Department of Biostatistics, Boston University School of Public Health, Pulmonary Center, Department of Medicine and Department of Neurology, Boston University School of Medicine, Boston, MA, USA.
Bioinformatics. 2013 May 15;29(10):1241-9. doi: 10.1093/bioinformatics/btt139. Epub 2013 Apr 18.
Genetic variants identified by genome-wide association studies to date explain only a small fraction of total heritability. Gene-by-gene interaction is one important potential source of unexplained total heritability.

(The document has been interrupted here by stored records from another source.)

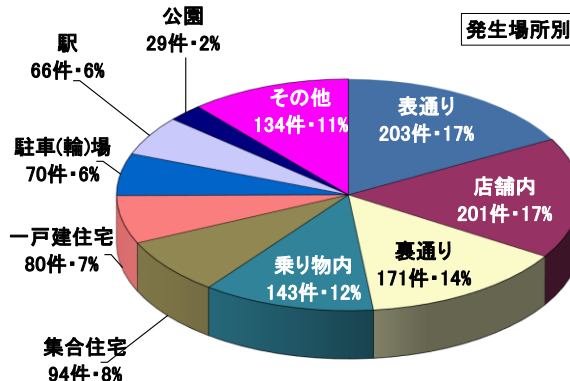

# 女性対象性犯罪・声掛け事案等把握状況

令和6年11月末

## 月別把握状況

年	累計	月											
		1	2	3	4	5	6	7	8	9	10	11	12
R6	1,191	66	86	82	114	126	127	127	95	123	145	100	
R5	1,249	74	92	86	129	119	143	113	100	153	139	101	
増減	件数	-58	-8	-6	-4	-15	7	-16	14	-5	-30	6	-1
	率(%)	-4.6	-10.8	-6.5	-4.7	-11.6	5.9	-11.2	12.4	-5.0	-19.6	4.3	-1.0

### 市区町別(令和6年11月末)

市区町名	件数
広島市	651
中区	191
東区	48
西区	82
南区	89
佐伯区	51
安芸区	27
安佐南区	129
安佐北区	34
呉市	82
竹原市	5
三原市	31
尾道市	25
福山市	216
府中市	9
三次市	12
庄原市	5
大竹市	5
東広島市	55
廿日市市	40
江田島市	6
安芸高田市	3
安芸郡	43
府中町	18
海田町	17
熊野町	5
坂町	3
世羅郡	2
山県郡	0
安芸太田町	0
北広島町	0
神石郡	1
豊田郡	0
合計	1,191

### 曜日別

～ 特徴 ～

- 把握件数……前年同期と比較して58件減少
- 事案種別……盗撮が最多(169件)、次いで声掛け(156件)
- 発生場所……約2割が店舗内
- 被害者別……約4割が15～22歳

※ 本集計値は、被害申告の有無に関わらず、警ら要望、相談等を含む。

※ 女性とは、高校生相当以上の女性

We propose a novel approach to detect such interactions that uses penalized regression and sparse estimation principles, and incorporates outside biological knowledge through a network-based penalty.
We tested our new method on simulated and real data. Simulation showed that with reasonable outside biological knowledge, our method performs noticeably better than stage-wise strategies (i.e. selecting main effects first, and interactions second, from those main effects selected) in finding true interactions, especially when the marginal strength of main effects is weak. We applied our method to Framingham Heart Study data on total plasma immunoglobulin E (IgE) concentrations and found a number of interactions among different classes of human leukocyte antigen genes that may interact to influence the risk of developing IgE dysregulation and allergy.
The proposed method is implemented in R and available at http://math.bu.edu/people/kolaczyk/software.html.
Supplementary data are available at Bioinformatics online.
迄今为止,全基因组关联研究发现的遗传变异仅能解释总遗传率的一小部分。基因间相互作用是未被解释的总遗传率的一个重要潜在来源。我们提出了一种新的方法来检测这种相互作用,该方法使用惩罚回归和稀疏估计原理,并通过基于网络的惩罚来纳入外部生物学知识。
我们在模拟和真实数据上测试了我们的新方法。模拟表明,在合理的外部生物学知识的情况下,我们的方法在发现真正的相互作用方面明显优于分阶段策略(即首先从选择的主要效应中选择主要效应,然后从选择的主要效应中选择相互作用),特别是当主要效应的边缘强度较弱时。我们将我们的方法应用于弗雷明汉心脏研究中关于总血浆免疫球蛋白 E(IgE)浓度的数据,发现了人类白细胞抗原基因不同类别之间的许多相互作用,这些相互作用可能相互作用以影响 IgE 失调和过敏的风险。
所提出的方法在 R 中实现,并可在 http://math.bu.edu/people/kolaczyk/software.html 上获得。
补充数据可在生物信息学在线获得。